### HOW TO COMPLETE THIS TASK
All lines containing the string "promedio" must be copied from the entries.
--- DATASET RECORDS Enclosed Below ---
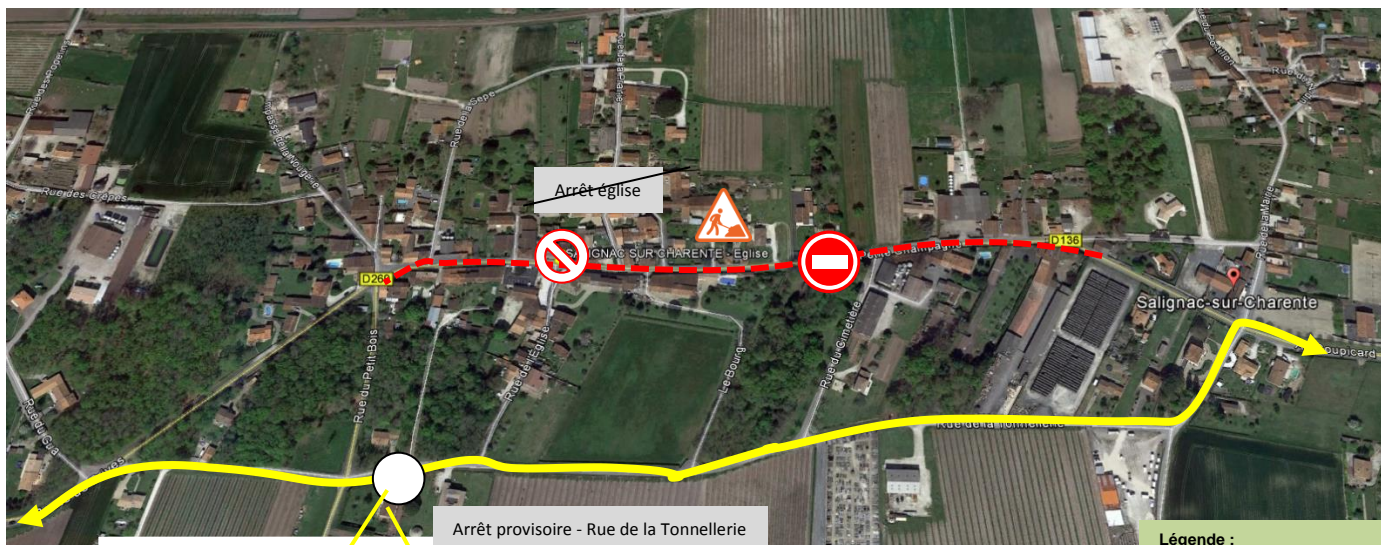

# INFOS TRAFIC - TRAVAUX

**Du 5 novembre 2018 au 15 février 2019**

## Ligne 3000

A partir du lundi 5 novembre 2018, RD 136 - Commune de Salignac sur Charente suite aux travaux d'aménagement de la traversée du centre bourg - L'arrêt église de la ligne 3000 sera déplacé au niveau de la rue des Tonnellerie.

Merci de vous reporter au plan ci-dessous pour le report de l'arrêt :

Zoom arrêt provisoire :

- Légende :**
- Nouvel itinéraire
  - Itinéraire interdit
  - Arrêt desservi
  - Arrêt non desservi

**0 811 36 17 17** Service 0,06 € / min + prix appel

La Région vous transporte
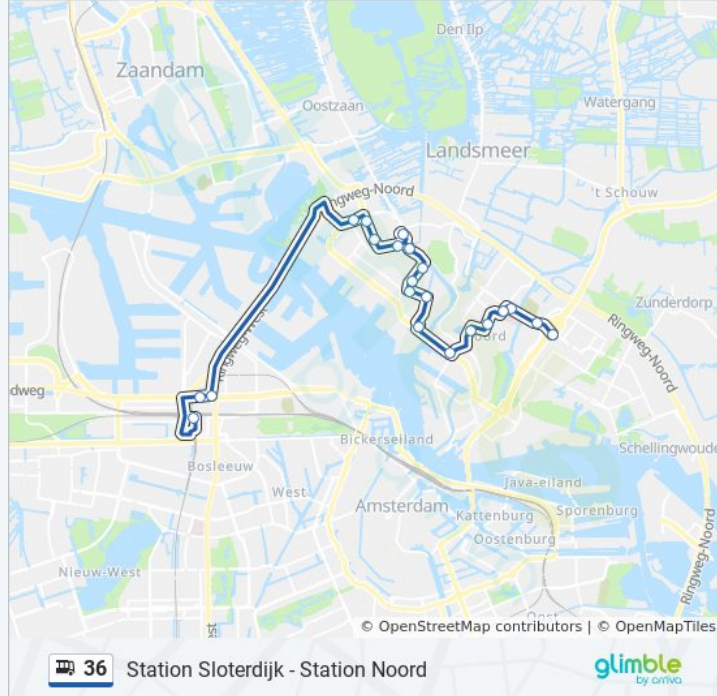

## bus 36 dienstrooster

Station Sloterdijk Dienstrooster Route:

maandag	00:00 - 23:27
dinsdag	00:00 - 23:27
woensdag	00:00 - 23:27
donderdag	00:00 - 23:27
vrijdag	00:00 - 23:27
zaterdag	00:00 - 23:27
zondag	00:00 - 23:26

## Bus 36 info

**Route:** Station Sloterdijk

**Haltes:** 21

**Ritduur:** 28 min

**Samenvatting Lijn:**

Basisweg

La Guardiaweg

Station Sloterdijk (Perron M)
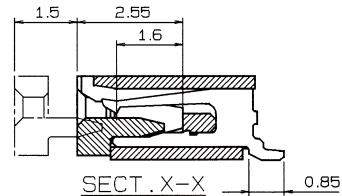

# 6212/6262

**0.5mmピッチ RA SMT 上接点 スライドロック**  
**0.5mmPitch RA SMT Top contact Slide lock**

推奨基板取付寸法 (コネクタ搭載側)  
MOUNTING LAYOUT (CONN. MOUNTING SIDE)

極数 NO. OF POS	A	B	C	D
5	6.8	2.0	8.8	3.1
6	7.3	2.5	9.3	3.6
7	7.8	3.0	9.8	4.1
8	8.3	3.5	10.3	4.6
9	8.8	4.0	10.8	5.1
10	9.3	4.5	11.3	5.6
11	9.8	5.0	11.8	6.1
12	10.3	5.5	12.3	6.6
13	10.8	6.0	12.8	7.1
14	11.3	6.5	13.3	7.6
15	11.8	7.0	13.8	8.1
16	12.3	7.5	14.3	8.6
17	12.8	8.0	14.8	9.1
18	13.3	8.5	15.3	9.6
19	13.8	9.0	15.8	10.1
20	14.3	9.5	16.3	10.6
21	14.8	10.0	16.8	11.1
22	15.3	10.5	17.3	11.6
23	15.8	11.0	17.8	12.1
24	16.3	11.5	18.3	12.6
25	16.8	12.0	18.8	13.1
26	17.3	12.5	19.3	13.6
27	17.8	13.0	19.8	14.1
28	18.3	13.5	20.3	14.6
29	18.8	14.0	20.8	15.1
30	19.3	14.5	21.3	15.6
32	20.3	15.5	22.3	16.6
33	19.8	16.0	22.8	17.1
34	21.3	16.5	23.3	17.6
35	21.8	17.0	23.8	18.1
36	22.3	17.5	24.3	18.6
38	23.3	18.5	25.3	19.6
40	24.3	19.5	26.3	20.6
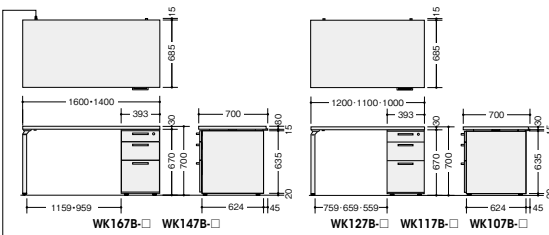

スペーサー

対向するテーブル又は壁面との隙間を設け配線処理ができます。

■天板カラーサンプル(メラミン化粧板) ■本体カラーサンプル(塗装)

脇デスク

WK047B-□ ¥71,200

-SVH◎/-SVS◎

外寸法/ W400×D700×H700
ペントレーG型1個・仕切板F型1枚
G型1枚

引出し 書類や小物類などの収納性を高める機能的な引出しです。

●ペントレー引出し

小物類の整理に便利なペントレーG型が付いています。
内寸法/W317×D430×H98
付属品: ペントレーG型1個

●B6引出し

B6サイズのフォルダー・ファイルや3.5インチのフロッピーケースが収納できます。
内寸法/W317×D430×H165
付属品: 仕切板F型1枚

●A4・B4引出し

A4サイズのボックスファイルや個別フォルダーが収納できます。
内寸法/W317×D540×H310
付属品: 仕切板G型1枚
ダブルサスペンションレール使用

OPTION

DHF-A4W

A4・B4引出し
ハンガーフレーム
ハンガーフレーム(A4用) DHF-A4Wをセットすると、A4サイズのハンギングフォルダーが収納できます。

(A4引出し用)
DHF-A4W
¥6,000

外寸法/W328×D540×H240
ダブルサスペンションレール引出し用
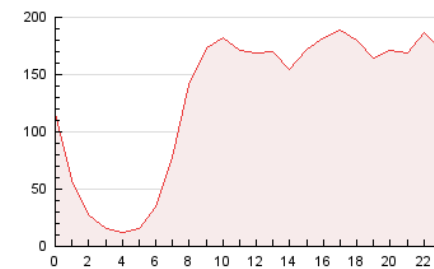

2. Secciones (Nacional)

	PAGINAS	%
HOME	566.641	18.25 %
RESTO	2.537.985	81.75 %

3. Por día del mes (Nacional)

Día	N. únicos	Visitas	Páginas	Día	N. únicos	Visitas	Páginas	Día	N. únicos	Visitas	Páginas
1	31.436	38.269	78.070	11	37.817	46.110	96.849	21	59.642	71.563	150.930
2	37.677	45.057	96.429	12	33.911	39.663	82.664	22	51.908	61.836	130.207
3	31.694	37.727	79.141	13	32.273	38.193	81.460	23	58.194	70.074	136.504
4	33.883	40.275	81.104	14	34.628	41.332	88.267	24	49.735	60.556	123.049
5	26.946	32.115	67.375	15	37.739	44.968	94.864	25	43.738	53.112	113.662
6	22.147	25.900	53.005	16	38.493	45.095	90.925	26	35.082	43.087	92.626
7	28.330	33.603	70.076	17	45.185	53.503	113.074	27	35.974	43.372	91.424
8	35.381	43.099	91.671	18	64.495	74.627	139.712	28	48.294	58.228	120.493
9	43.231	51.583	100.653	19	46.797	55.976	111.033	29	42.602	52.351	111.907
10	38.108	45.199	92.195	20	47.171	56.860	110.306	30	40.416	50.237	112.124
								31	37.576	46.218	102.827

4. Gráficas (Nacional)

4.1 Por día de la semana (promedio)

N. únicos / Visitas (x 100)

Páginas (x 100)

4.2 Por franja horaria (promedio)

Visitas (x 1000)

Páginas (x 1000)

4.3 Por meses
--- End of Enclosed DATASET RECORDS ---
### ANSWER FOR THE TASK
4.1 Por día de la semana (promedio)
4.2 Por franja horaria (promedio)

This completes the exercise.